Without music to decorate it, time is just a bunch of boring production deadlines or dates by which bills must be paid – Frank Zappa
The path to the recording studio was anything but a straight line for Alby Cohen. While he studied jazz at Goddard College under both Ernie Stires and Don Glasgow of the Barbary Coast Jazz Ensemble, he never attended sound school. He had tinkered with 4-tracks in high school and college and knew basic tracking, but initially had more of an interest in being a musician.
He began his musical career by playing drums and singing in a band in Ithaca called Damn Brandy, which led him to take a field semester away from Goddard. As the story unfolds, the band gained some traction and next thing he knew he’d been living and touring out of Ithaca with Damn Brandy for a matter of years. The band recorded a couple of demos and went to studios to do some mastering, but before long, lives got in the way and the band broke up.

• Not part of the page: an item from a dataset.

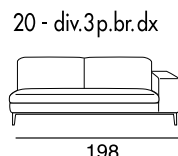

Divano modulare con fusto in ferro e supporto di nastri elastici intrecciati. I braccioli sono in legno rivestiti in poliuretano espanso ricoperti in piuma d'oca sterilizzata antiallergica. I cuscini di seduta e schienale sono realizzati in poliuretano espanso ricoperti in piuma d'oca sterilizzata antiallergica. I piedi sono in metallo cromato nero. I tavolini sono in metallo ricoperto in fibra acrilica.

After the band split up, Alby moved back to Brooklyn; finished his last year of college remotely; put himself through grad school; and ultimately fell into advertising. He slugged it out in the corporate world, but eventually fell prey to the credit crisis in 2008. He got laid off. Meanwhile, a gentleman named Doug Martin – now his boss – had asked a few years back if he wanted to be involved in a studio he planned to build. The stars eventually aligned with the studio coming to fruition right and Alby hitting a career inflection point, so he decided to go full tilt. Cohen didn’t have much engineering experience at the time, but after realizing over the course of several rounds of corporate interviews that he had to go with his heart. He chose music.